In our recent cluster-wide maintenance sessions, we have taken steps to move away from our preemptible-job-based "scavenger" partitions. 

For example, users may have noticed that:

- The GPU cluster has had it's scavenger partition removed.

- We no longer add new nodes to the scavenger partitions of other clusters when the hardware is retired.

Our team has made these decisions in the context of a larger conversation around our Allocation Proposal process, and the SLURM workload manager configuration used on the clusters:

There are abundant compute resources are available upon request

A "Standard Allocation" of 25,000 service units per year is available to all faculty accounts, and is usable on any cluster to benchmark workflows and prepare a larger request for resources. The proposal process is sufficient for nearly all use cases we've encountered previously, and gives us a way to document the changing demands of our diverse user base over time. We will be increasing the standard allocation amount as well to help reduce any inconvenience caused by removing scavenger.   

It simplifies our SLURM configuration related to job priority

As they are configured, the scavenger partitions have been found to create situations where jobs charging an account's service units are not preempting scavenger jobs due to how their priority factor is established. There are other ways within SLURM to manage priority and avoid this, so our intention is to simplify the configuration and ultimately provide more transparency to our users about how priority is computed. 


Scavenger Partition Overview

To enable better utilization of available compute resources, each cluster has a "scavenger" partition defined. 

The scavenger partition allows groups to use up to 90% of the resources on the cluster, do not incurr a service unit cost, and do not enforce any time limits. With this, the jobs on this partition are preemptible and will only run if there are idle resources. They can also be canceled by Slurm as jobs enter the paid partitions.


Common Scavenger partition use cases

The scavenger partitions are great when you need to run many short jobs or when you have a long-running, restartable job

In either case, jobs should be able to save partial output or report any failures in their outputs in the event of cancellation. 

Many short jobs

When submitting many short jobs without requeue (the default), you control when and where to resubmit the preempted jobs.
The main downside to this is that you'll need to write a script to requeue preempted jobs or adjust the partition and resubmit.

If you choose to requeue, you can start these jobs and forget about them, but they may continue to get preempted over and over again.

Note: There is a cap 1000 jobs per user per cluster for the scavenger partition because the queue becomes unstable when users launch short jobs in quick succession.

Long restartable jobs

In that your job could be cancelled at any time, longer jobs should create intermediate outputs, and be set up to detect files to restart from when requeuing, making sure that input files in the correct places. Submit your job into the scavenger partition with the --requeue option.


Submitting to the scavenger partitions

You can request the scavenger partition with #SBATCH --partition=scavenger. This will queue your job with a QOS that sets it at a particularly low priority.
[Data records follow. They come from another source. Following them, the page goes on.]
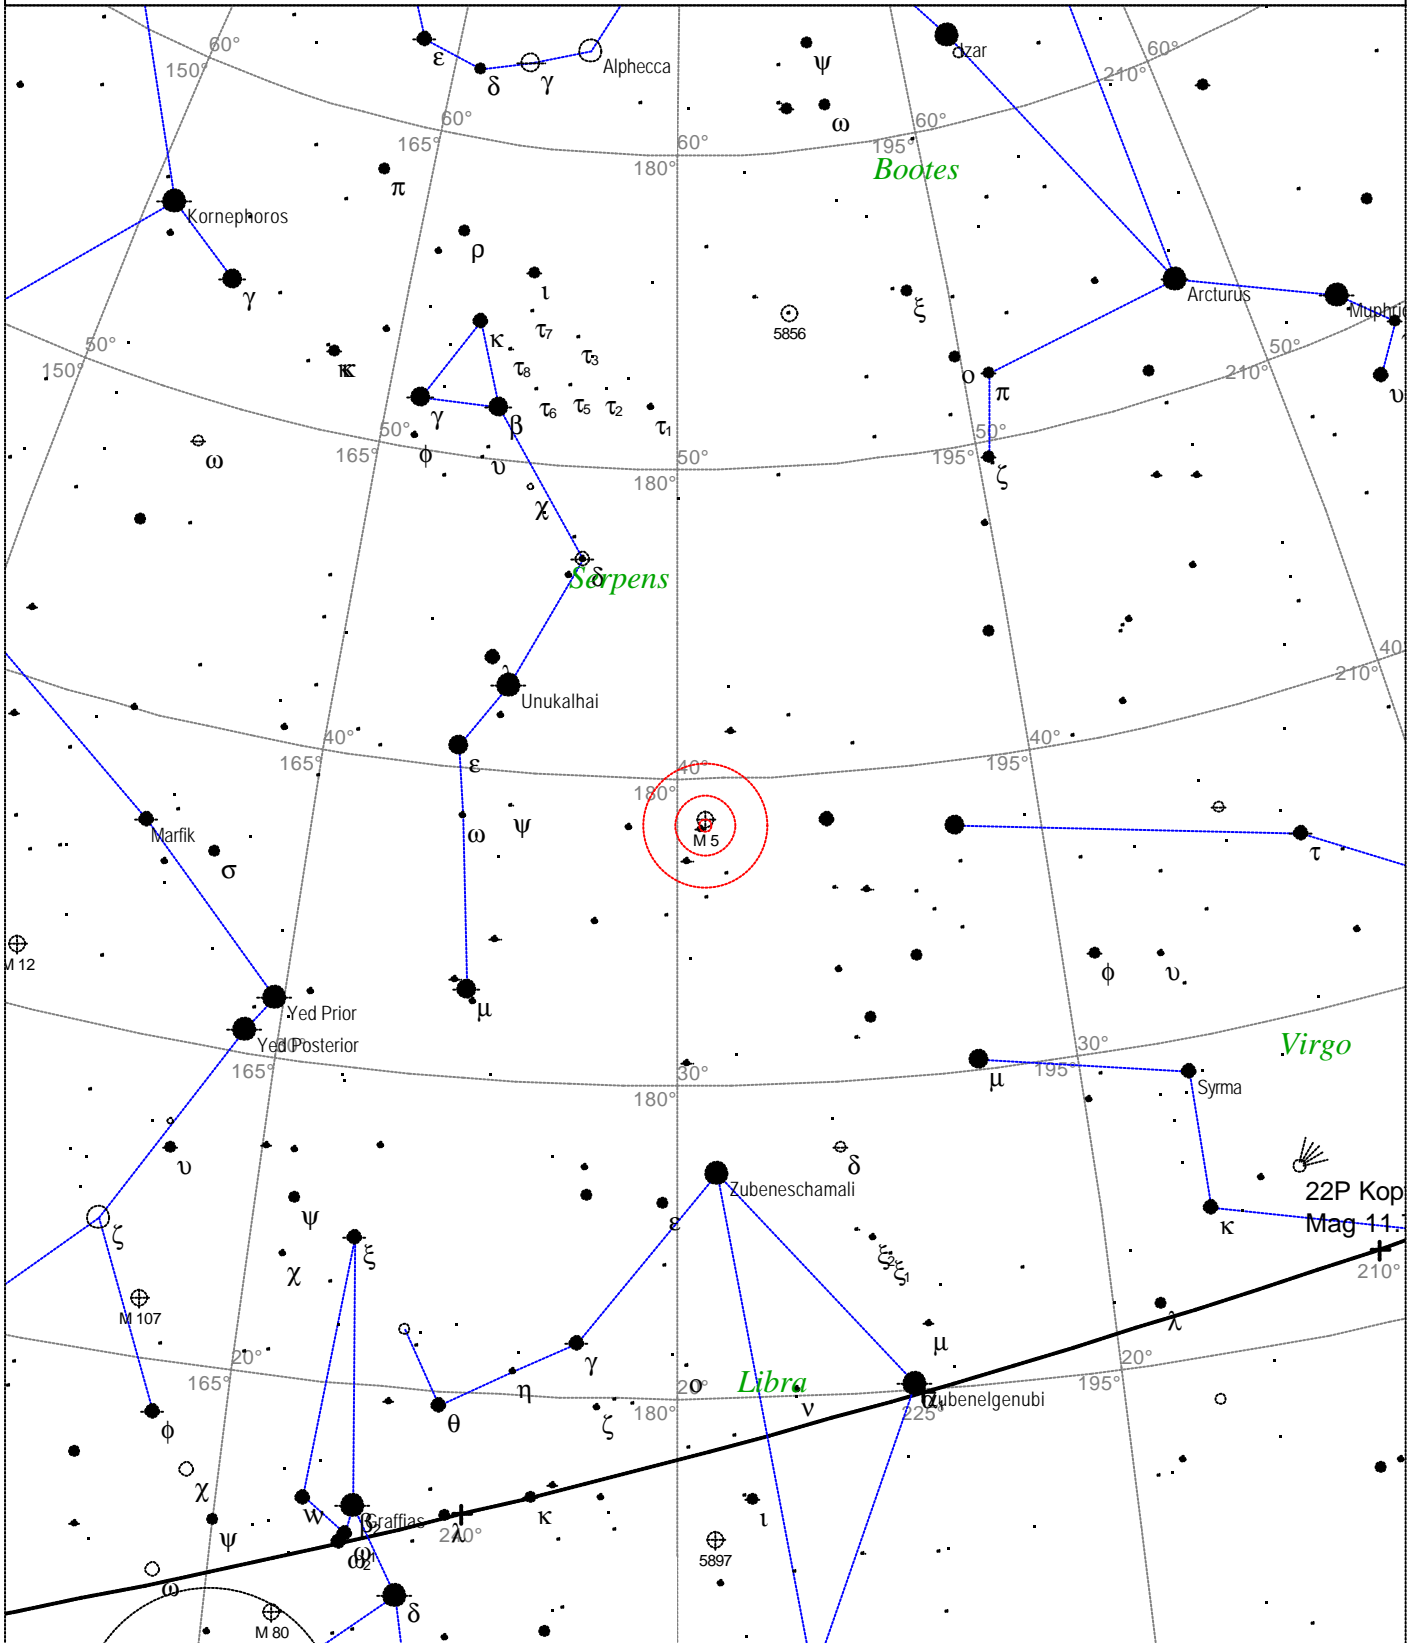

Messier 5 - Globular cluster

STARS

- <3
- 3.5
- 4
- 4.5
- 5
- 5.5
- 6
- >6.5

SYMBOLS

- Multiple star
- Variable star
- ☄ Comet
- ☉ Galaxy
- Bright nebula
- ◻ Dark nebula
- ⊕ Globular cluster
- Open cluster
- ⊕ Planetary nebula
- ⊗ Quasar
- △ Radio source
- × X-ray source
- Other object

Messier 5 - Globular cluster

Magnitude: 5.7

Size: 19.9'

Right ascension: 15h 18m 40s

Declination: +2° 4' 33"

Constellation: Serpens

Local Time: 16:06:39 12-Sep-2002

UTC: 16:06:39 12-Sep-2002

Sidereal Time: 15:22:32

Location: 53° 27' 0" N 2° 31' 0" W

RA: 15h18m57s Dec: +1° 56' Field: 45.0°

Julian Day: 2452530.1713
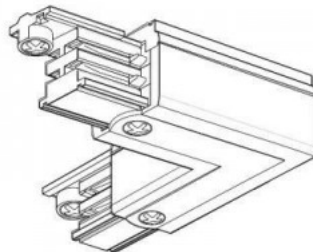

Power track POWERGEAR 3F L Connector PRO-0435 R-W right white 230V

Product code 15550

Brand [POWERGEAR](#)
Supply voltage 230V
In package 18pcs
In box 108pcs
Casing colour white
Certificates CE

Note: For the gpu scavenger partition you must specify which type of node as well: 

#SBATCH --constraint=<partition>, where partition can be one of the following: gtx1080, titanx, k40, v100

Note: It is currently possible to submit a job to the paid partitions that, taking fairshare and other job priority factors into account, can have a lower priority than a scavenger job and not preempt them. This should be a rare occurence due to scavenger jobs being such a low priority as it is and may be prevented by submitting smaller batches of jobs at a time.

We are working on documenting this problem, so if you notice it happening, please submit a ticket with the output of 

sprio -M gpu -S "-y" --format %.15i,%.9r,%.10Y,%.10u

to show the sorted priority of jobs on queued on GPU, and then the output of

squeue -M gpu

to show your job pending, the reason, and the job running on scavenger that has not been preempted. 


Job Cancellation and Requeueing

If preempted by a paid partition job, the default behavior is for the job to be cancelled. 

There is an option to place the job back in the queue, however, with an SBATCH argument:

#SBATCH --requeue